> [Data under study]:
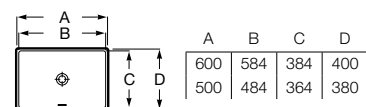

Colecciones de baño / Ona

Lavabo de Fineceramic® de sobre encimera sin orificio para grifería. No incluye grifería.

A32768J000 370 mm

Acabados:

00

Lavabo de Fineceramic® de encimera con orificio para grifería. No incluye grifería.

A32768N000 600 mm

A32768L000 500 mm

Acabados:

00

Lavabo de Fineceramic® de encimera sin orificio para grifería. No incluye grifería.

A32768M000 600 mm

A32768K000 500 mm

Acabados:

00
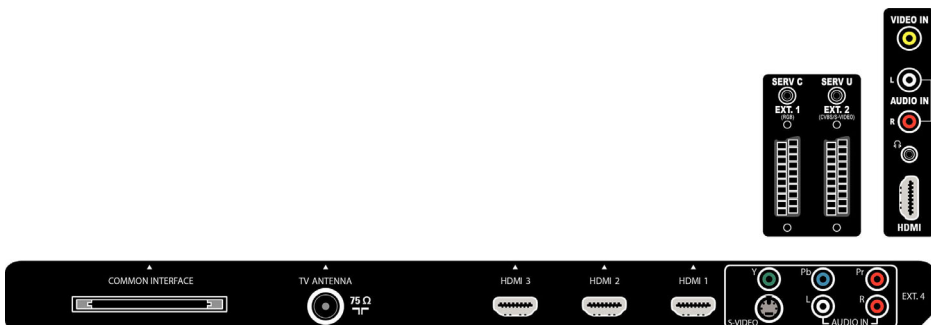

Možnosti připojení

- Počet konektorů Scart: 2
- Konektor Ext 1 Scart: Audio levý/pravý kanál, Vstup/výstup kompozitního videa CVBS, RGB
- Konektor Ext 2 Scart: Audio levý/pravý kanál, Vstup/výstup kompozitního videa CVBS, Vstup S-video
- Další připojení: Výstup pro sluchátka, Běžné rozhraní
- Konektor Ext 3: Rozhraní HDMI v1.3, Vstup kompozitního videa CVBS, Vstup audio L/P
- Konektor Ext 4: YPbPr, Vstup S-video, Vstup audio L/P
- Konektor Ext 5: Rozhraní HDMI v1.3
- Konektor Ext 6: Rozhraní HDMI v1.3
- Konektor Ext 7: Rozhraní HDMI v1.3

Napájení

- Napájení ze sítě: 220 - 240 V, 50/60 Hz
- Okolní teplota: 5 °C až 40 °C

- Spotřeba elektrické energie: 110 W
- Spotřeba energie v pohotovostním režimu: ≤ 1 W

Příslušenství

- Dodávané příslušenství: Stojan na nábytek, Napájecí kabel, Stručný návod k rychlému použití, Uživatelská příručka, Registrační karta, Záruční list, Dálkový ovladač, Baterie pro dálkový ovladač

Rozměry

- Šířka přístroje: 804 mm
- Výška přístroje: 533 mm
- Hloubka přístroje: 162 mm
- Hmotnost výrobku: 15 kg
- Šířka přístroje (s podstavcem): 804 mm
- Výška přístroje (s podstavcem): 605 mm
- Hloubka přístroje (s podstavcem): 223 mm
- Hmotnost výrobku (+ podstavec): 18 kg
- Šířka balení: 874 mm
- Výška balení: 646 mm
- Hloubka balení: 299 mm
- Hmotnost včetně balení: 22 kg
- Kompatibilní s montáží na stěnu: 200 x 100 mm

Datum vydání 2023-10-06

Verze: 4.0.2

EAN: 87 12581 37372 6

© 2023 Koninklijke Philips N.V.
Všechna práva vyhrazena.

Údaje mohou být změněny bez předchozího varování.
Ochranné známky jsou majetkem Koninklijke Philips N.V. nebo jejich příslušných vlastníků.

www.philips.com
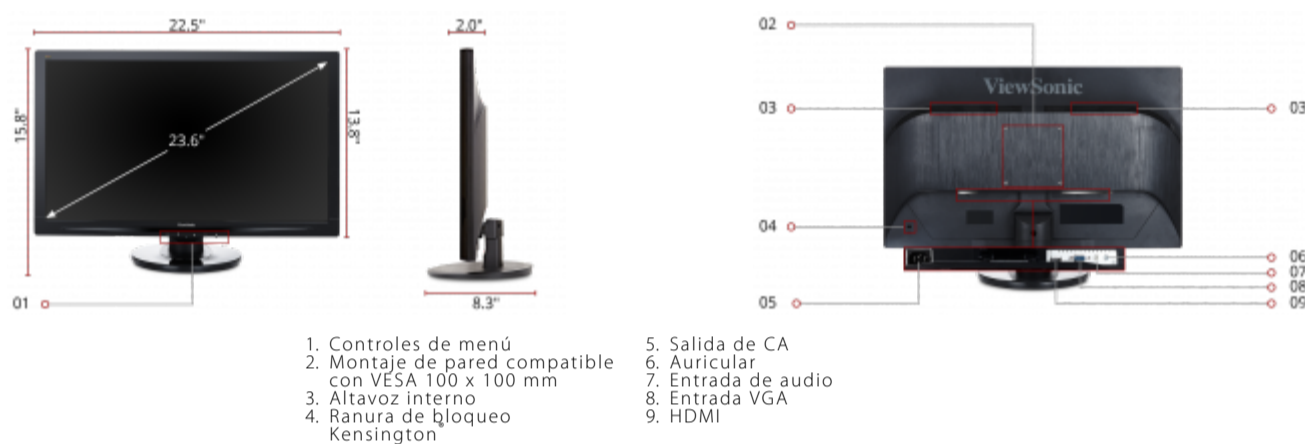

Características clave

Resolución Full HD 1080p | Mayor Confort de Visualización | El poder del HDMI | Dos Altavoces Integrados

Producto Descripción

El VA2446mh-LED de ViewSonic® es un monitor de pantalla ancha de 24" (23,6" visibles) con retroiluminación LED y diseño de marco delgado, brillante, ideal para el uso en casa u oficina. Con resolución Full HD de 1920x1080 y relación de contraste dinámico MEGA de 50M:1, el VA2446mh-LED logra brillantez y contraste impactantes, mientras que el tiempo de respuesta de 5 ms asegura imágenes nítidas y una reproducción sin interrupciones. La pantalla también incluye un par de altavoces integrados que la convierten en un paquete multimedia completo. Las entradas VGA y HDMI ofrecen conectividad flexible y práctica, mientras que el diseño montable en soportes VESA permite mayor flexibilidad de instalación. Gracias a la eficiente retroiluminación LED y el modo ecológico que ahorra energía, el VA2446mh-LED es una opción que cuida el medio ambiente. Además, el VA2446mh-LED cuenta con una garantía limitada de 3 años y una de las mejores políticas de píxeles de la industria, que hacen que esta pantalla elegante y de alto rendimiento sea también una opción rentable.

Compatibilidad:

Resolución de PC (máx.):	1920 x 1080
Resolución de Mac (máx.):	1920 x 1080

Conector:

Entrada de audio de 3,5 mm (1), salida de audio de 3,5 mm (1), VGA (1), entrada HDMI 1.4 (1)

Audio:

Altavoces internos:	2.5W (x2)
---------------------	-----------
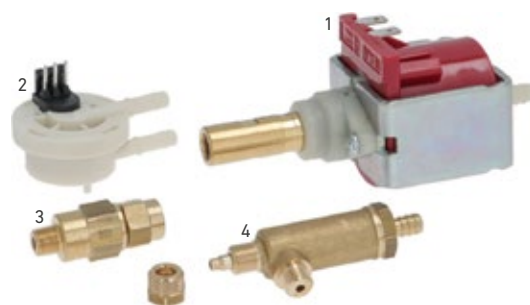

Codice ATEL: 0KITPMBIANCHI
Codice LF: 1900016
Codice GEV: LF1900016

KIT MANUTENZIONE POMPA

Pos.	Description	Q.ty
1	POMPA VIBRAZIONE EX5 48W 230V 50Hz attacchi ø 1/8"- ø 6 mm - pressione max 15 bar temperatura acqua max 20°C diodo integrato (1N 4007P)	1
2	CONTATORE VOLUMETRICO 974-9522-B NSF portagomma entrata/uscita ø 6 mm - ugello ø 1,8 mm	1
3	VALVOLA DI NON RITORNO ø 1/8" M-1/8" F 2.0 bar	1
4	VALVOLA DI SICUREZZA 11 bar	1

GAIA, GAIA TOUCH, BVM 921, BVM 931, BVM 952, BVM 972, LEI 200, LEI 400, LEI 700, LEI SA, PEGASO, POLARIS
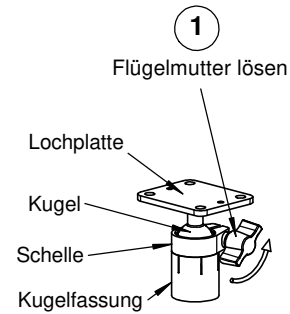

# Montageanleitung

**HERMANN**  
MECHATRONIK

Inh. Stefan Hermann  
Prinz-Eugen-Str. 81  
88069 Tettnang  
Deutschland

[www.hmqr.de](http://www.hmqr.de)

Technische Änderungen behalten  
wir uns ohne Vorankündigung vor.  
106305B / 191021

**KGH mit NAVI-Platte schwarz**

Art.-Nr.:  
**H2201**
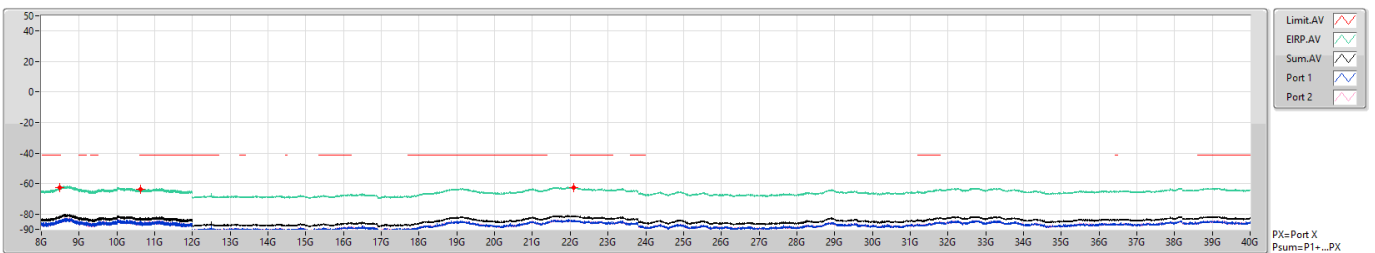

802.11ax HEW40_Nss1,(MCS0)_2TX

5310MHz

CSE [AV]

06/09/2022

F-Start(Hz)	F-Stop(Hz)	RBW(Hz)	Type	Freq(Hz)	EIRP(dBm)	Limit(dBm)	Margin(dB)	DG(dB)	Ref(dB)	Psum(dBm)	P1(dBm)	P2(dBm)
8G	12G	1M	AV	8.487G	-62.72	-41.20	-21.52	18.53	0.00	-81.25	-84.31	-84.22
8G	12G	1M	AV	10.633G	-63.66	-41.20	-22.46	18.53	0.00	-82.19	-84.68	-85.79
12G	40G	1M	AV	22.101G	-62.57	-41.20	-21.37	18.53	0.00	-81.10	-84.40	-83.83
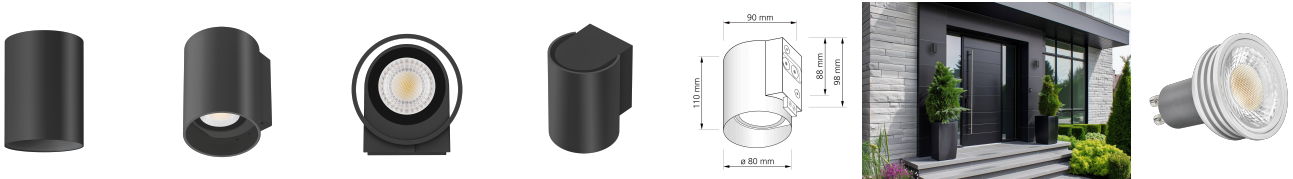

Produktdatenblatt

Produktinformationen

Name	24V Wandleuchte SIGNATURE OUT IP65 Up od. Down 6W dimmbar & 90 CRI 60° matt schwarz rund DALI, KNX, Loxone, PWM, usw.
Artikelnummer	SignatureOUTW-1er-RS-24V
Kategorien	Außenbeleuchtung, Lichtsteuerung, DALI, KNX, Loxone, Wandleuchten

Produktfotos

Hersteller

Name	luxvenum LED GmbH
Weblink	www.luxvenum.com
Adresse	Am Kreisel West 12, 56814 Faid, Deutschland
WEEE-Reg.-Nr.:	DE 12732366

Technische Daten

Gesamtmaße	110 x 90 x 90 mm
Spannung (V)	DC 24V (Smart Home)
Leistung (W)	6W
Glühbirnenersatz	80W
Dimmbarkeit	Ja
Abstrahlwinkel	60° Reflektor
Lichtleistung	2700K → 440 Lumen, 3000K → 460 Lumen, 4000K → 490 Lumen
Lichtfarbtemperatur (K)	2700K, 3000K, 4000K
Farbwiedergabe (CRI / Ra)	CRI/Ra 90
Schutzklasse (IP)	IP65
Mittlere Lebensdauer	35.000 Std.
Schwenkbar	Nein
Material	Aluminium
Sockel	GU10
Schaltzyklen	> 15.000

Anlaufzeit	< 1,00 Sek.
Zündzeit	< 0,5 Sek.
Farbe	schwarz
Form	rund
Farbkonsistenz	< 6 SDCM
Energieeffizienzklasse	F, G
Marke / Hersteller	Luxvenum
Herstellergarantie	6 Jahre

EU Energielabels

--

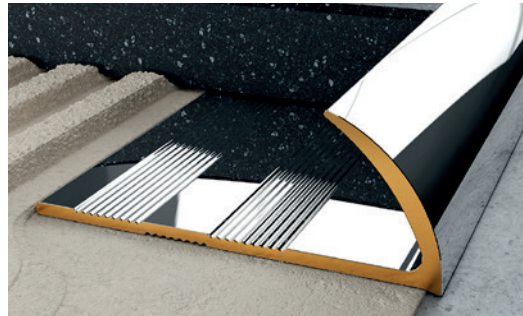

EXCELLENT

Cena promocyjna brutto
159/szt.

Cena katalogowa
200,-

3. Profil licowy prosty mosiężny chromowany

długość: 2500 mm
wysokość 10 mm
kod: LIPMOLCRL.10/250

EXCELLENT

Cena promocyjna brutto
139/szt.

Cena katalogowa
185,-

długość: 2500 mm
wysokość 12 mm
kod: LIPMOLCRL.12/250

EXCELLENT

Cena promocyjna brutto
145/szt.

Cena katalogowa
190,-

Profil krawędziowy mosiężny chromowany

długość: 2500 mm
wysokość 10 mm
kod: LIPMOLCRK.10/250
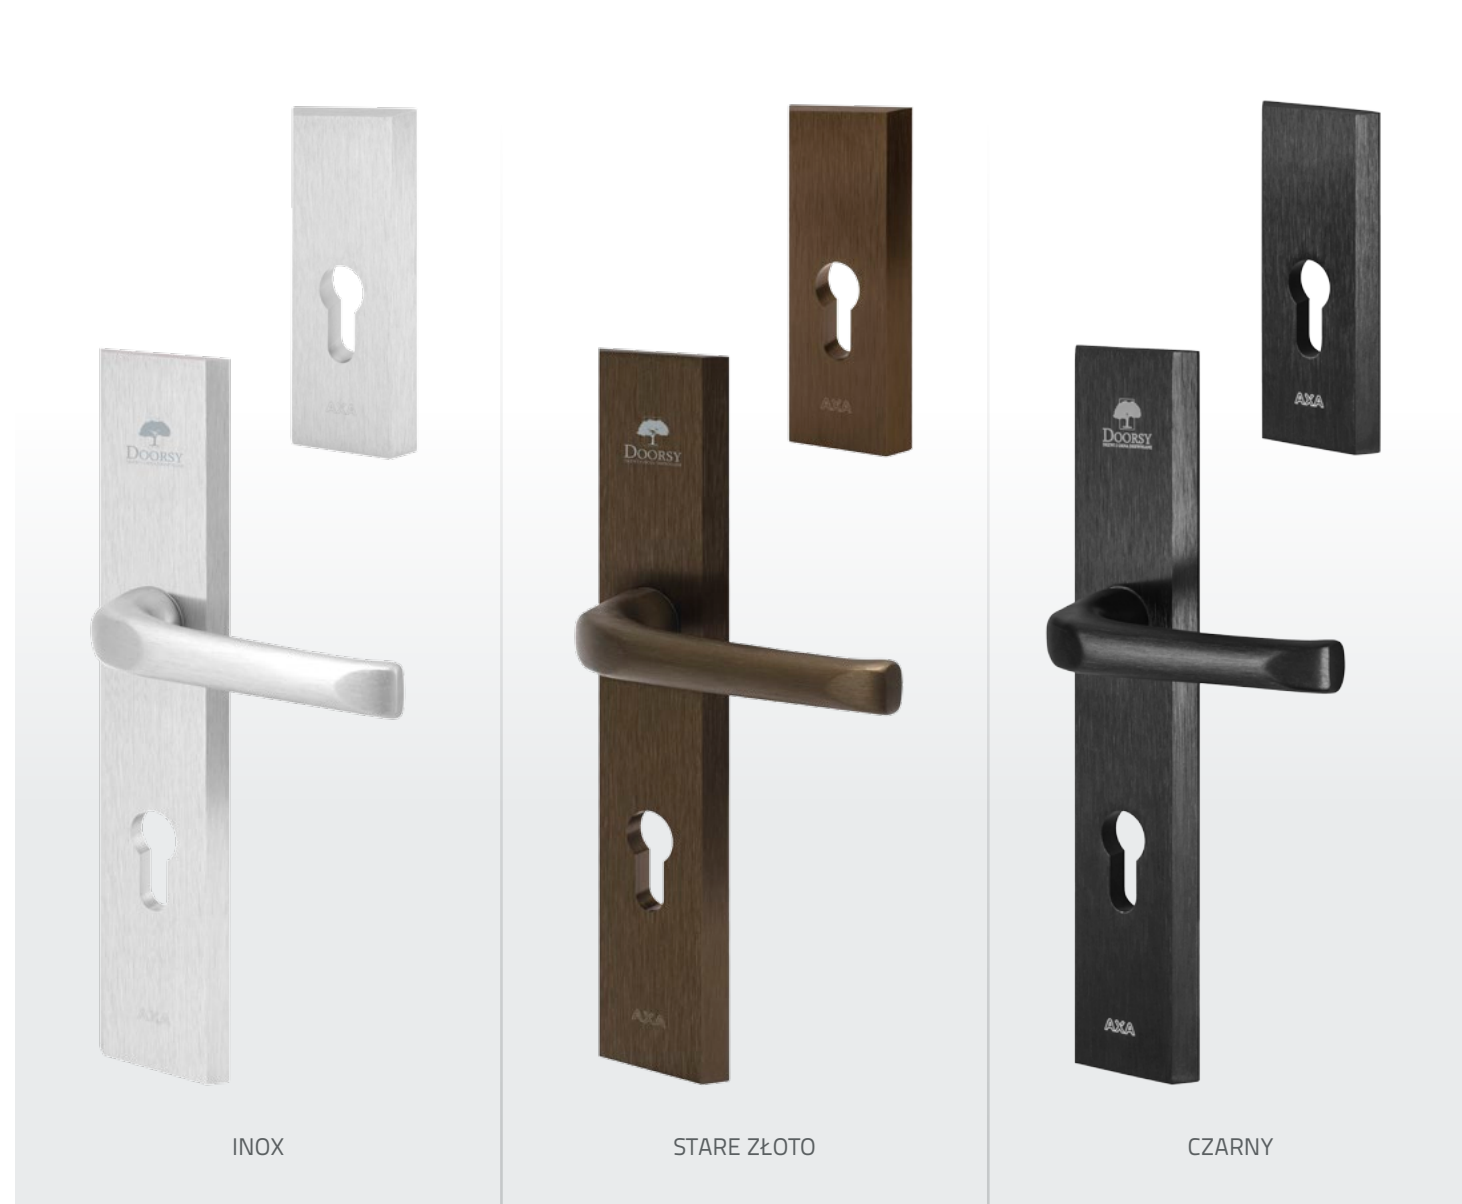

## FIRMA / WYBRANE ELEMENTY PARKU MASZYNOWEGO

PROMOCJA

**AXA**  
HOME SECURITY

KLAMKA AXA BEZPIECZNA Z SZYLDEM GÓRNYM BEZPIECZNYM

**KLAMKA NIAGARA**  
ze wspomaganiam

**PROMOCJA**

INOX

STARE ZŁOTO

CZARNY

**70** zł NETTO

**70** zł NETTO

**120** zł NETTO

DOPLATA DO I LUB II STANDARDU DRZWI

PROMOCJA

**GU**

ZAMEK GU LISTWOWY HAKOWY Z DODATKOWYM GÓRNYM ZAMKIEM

> [Work request]:
Apply a filter to the listing above so that only lines with "Hloubka" are kept, and copy those lines.

> [Exercise solution]:
- Hloubka přístroje: 162 mm
- Hloubka přístroje (s podstavcem): 223 mm
- Hloubka balení: 299 mm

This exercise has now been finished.